Instructions for the task.
Write out again the lines from the line with "min. 2x per year" up to and including the line with "Band41-20MHz-16QAM-41140-100RB#0", exactly as they stand below, and skip any picture.

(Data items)
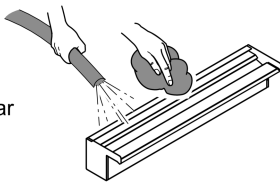

# Waterfall 30, 60, 90 / Waterfall XL 30, XL 60, XL 90

WFL0006

	<b>Waterfall 30, XL 30</b>	<b>Waterfall 60, XL 60</b>	<b>Waterfall 90, XL 90</b>
	$l \leq 3 \text{ m}$ $\varnothing = 25 \text{ mm (1 in)}$	$l \leq 3 \text{ m}$ $\varnothing = 25 \text{ mm (1 in)}$	$l \leq 3 \text{ m}$ $\varnothing = 32 \text{ mm (1\frac{1}{4} \text{ in})}$
  $h = 0.8 \dots 1.0 \text{ m}$	AquaMax Eco Aquarius Universal Premium 3500 ... 4000	AquaMax Eco Aquarius Universal Premium 4000 ... 6500	AquaMax Eco Aquarius Universal Premium 4000 ... 8000
  $h = 0.2 \dots 0.6 \text{ m}$	AquaMax Eco Aquarius Universal Premium 2500 ... 3000	AquaMax Eco Aquarius Universal Premium 3500 ... 4000	AquaMax Eco Aquarius Universal Premium 4000 ... 6000

25 mm: Waterfall 30, 60, XL 30, XL 60  
32 mm: Waterfall 90, XL 90

WFL0009

min. 2x per year

WFL0010

Waterfall	
Pos.	30, 60, 90
1	15737
2	11818

WFL0011

Waterfall	
Pos.	XL 30, XL 60, XL 90
1	15737
2	11818

WFL0028
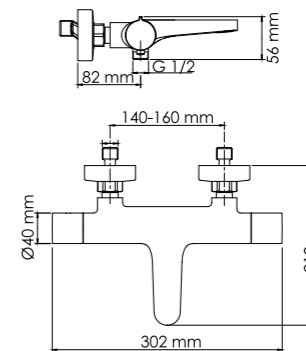

Внимание! Для термостатических смесителей подключение горячей воды только слева, холодной воды только справа!
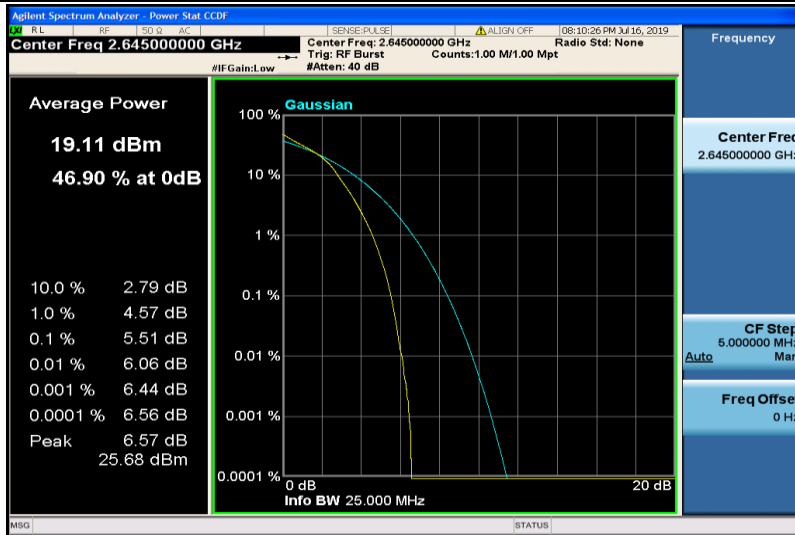

Band41-20MHz-16QAM-40340-100RB#0

Band41-20MHz-16QAM-40620-1RB#0

Band41-20MHz-16QAM-40620-100RB#0

Band41-20MHz-16QAM-41140-1RB#0

Band41-20MHz-16QAM-41140-100RB#0

Band71-5MHz-QPSK-133147-1RB#0

Band71-5MHz-QPSK-133147-25RB#0
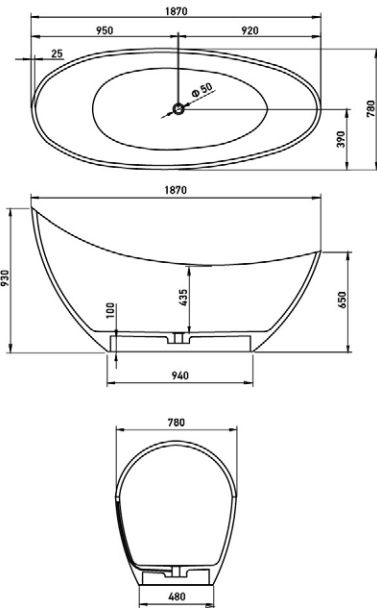

ACCORD MATT WHITE ÖNTÖTTMÁRVÁNY TÉRKÁD

Answer box.
min. 2x per year

WFL0010

Waterfall	
Pos.	30, 60, 90
1	15737
2	11818

WFL0011

Waterfall	
Pos.	XL 30, XL 60, XL 90
1	15737
2	11818

WFL0028

Внимание! Для термостатических смесителей подключение горячей воды только слева, холодной воды только справа!

Band41-20MHz-16QAM-40340-100RB#0

Band41-20MHz-16QAM-40620-1RB#0

Band41-20MHz-16QAM-40620-100RB#0

Band41-20MHz-16QAM-41140-1RB#0

Band41-20MHz-16QAM-41140-100RB#0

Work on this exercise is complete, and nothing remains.